*THE PROBLEM*: Your reply should hold every entry below exactly as written and none of the pictures.

*Stored dataset items*:
━━━━━━
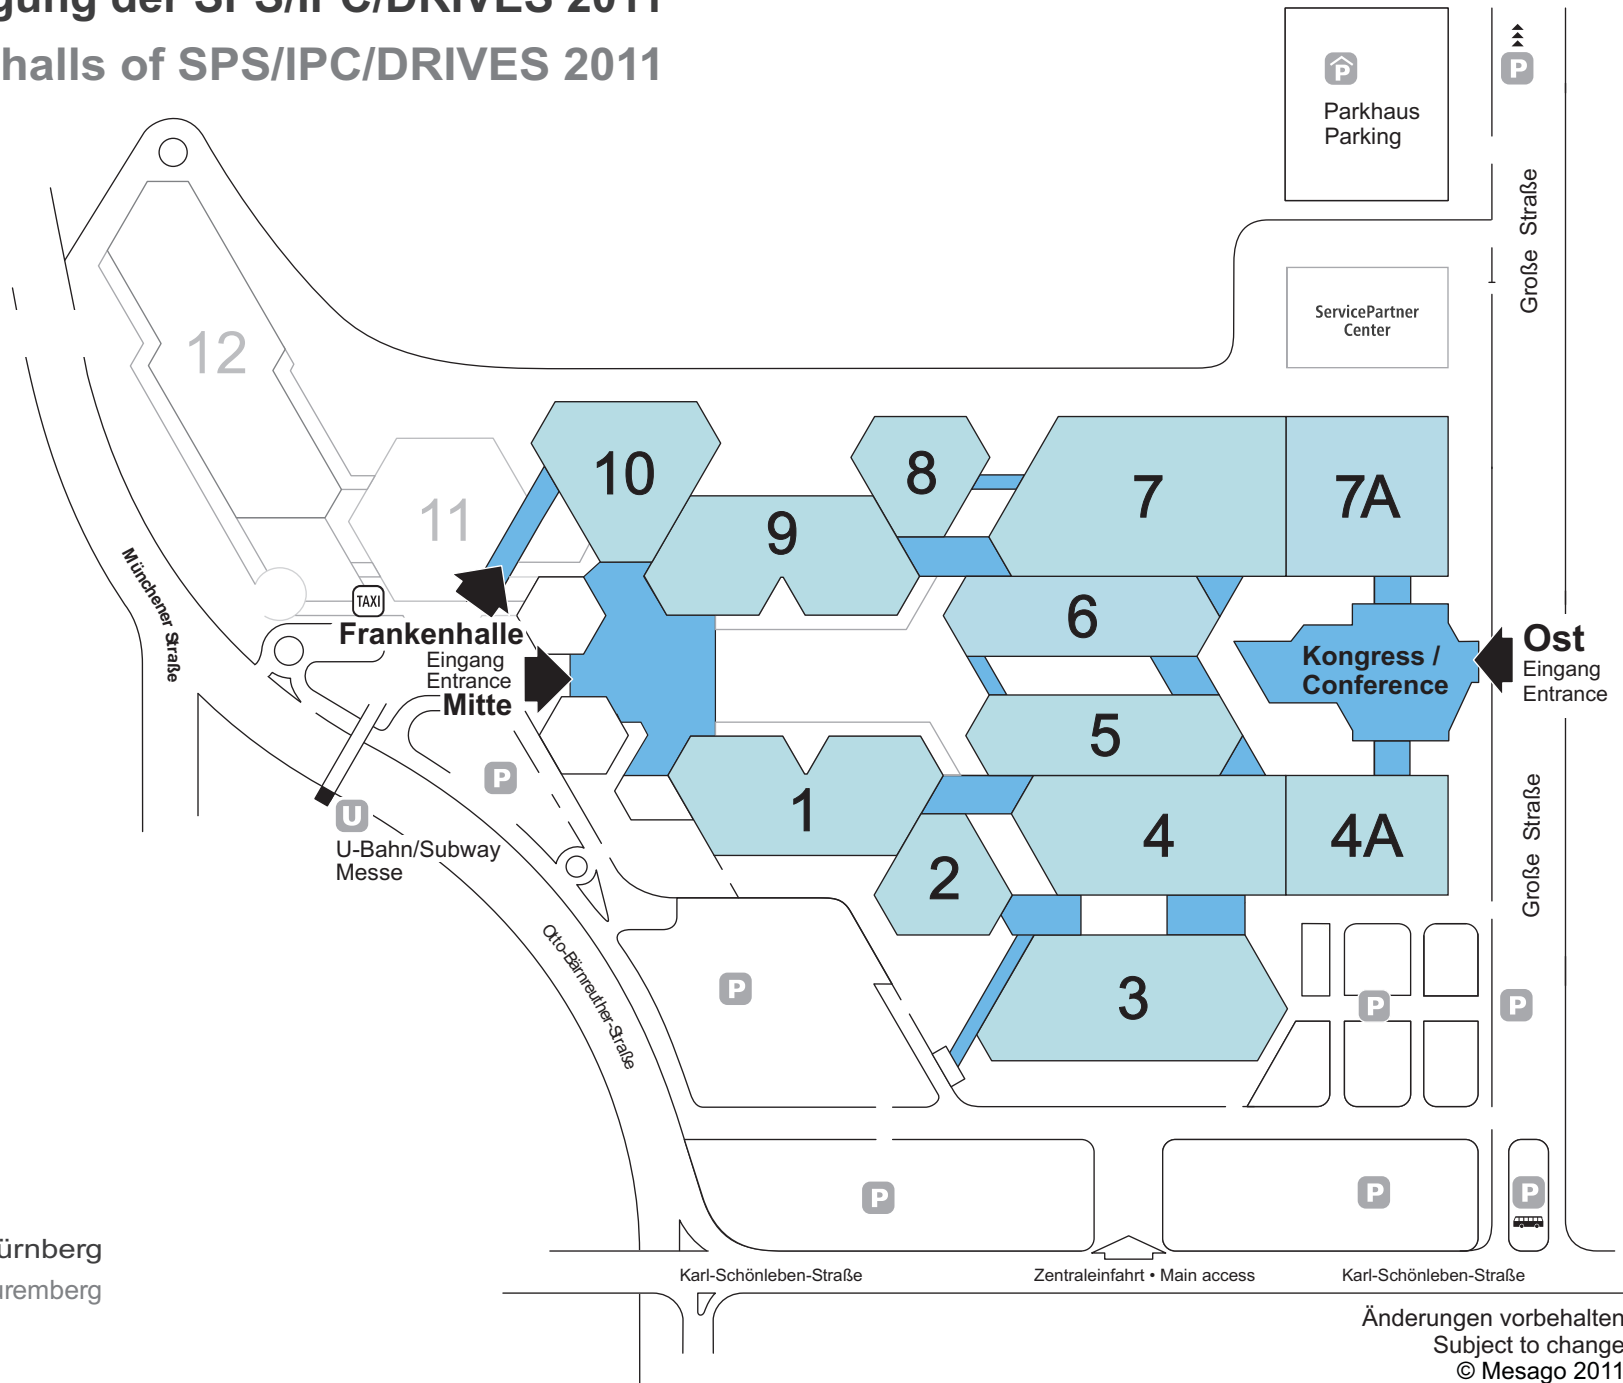

Hallenbelegung der SPS/IPC/DRIVES 2011

Exhibition halls of SPS/IPC/DRIVES 2011

Messezentrum Nürnberg
Exhibition Centre Nuremberg

Änderungen vorbehalten
Subject to change
© Mesago 2011
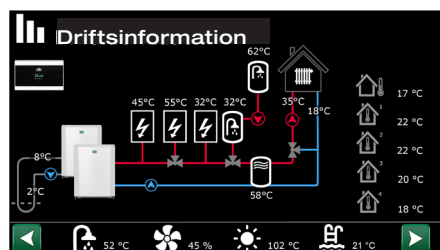

EnergyFlex

CTC EcoLogic L kan styre og overvåge op til ti varmepumper. For at produktet passer til de fleste vandbårne radiatorsystemer, er der seks forskellige grundlæggende systemer at vælge imellem. Styringen sørger helt automatisk for til- og frakobling af den eksisterende kedel og prioriterer varmtvandsproduktion eller varme og kan håndtere op til fire varmekredse.

CTC EcoLogic M er en lidt enklere variant, som kan styre op til to varmepumper i op til to varmekredse, hvilket er nok til de fleste hjem.

CTC EcoLogic har indbygget effektvagt, valgfri ekstern tilskudseffekt (0-10 V, 0-3 trin eller 0-7 trin), prioritering af varmt vand og indbygget summealarm. Du kan logføre

driftsdata og opdatere programmer via USB.

Indbygget internetopkobling

CTC EcoLogic L og M har internetopkobling som standard, så du nemt kan fjernstyre dit varmesystem. Du kan også slutte styringen til en fjerncomputer (DUC). For at produktet kan passe ind i det intelligente hjem, er det forberedt til tilslutning til Alexa, Google Home m.m. Det er desuden forberedt til Smartgrid, hvilket betyder, at det er forberedt til fremtidens elnet.

Made in Sweden

Alle CTC-varmepumper og -styreenheder er designet, udviklet og fremstillet på vores fabrik i Ljungby i Sverige. Dette giver os fuld kontrol over alle faser i fremstillingsprocessen.

CTC EcoLogic L, system 4.
(Et af seks forskellige systemer)

1. Varmepumpe 1 og 2 tilkobles via vekselsventiler, der leder varmemstrømmen til enten varmtvands- eller varmesystemet.
2. De øvrige varmepumper tilkobles til varmesystemet.
3. Al varme fra varmepumper og tilskudsvarme går til varmesystemet gennem buffertanken.
4. Tilskudsvarmen placeres for varmtvandsystemet.
5. Solvarme kan tilsluttes via vekselsventil til enten varmtvandsbeholderen eller buffertanken eller alternativt til so-/jordvarmeslangen.
6. Poolopvarmning tilsluttes efter buffertanken.
7. Frikøling kan tilsluttes til søvarmesystemet.
━━━━━━
*TASK SOLUTION*:
Hallenbelegung der SPS/IPC/DRIVES 2011

Exhibition halls of SPS/IPC/DRIVES 2011

Messezentrum Nürnberg
Exhibition Centre Nuremberg

Änderungen vorbehalten
Subject to change
© Mesago 2011

EnergyFlex

CTC EcoLogic L kan styre og overvåge op til ti varmepumper. For at produktet passer til de fleste vandbårne radiatorsystemer, er der seks forskellige grundlæggende systemer at vælge imellem. Styringen sørger helt automatisk for til- og frakobling af den eksisterende kedel og prioriterer varmtvandsproduktion eller varme og kan håndtere op til fire varmekredse.

CTC EcoLogic M er en lidt enklere variant, som kan styre op til to varmepumper i op til to varmekredse, hvilket er nok til de fleste hjem.

CTC EcoLogic har indbygget effektvagt, valgfri ekstern tilskudseffekt (0-10 V, 0-3 trin eller 0-7 trin), prioritering af varmt vand og indbygget summealarm. Du kan logføre

driftsdata og opdatere programmer via USB.

Indbygget internetopkobling

CTC EcoLogic L og M har internetopkobling som standard, så du nemt kan fjernstyre dit varmesystem. Du kan også slutte styringen til en fjerncomputer (DUC). For at produktet kan passe ind i det intelligente hjem, er det forberedt til tilslutning til Alexa, Google Home m.m. Det er desuden forberedt til Smartgrid, hvilket betyder, at det er forberedt til fremtidens elnet.

Made in Sweden

Alle CTC-varmepumper og -styreenheder er designet, udviklet og fremstillet på vores fabrik i Ljungby i Sverige. Dette giver os fuld kontrol over alle faser i fremstillingsprocessen.

CTC EcoLogic L, system 4.
(Et af seks forskellige systemer)

1. Varmepumpe 1 og 2 tilkobles via vekselsventiler, der leder varmemstrømmen til enten varmtvands- eller varmesystemet.
2. De øvrige varmepumper tilkobles til varmesystemet.
3. Al varme fra varmepumper og tilskudsvarme går til varmesystemet gennem buffertanken.
4. Tilskudsvarmen placeres for varmtvandsystemet.
5. Solvarme kan tilsluttes via vekselsventil til enten varmtvandsbeholderen eller buffertanken eller alternativt til so-/jordvarmeslangen.
6. Poolopvarmning tilsluttes efter buffertanken.
7. Frikøling kan tilsluttes til søvarmesystemet.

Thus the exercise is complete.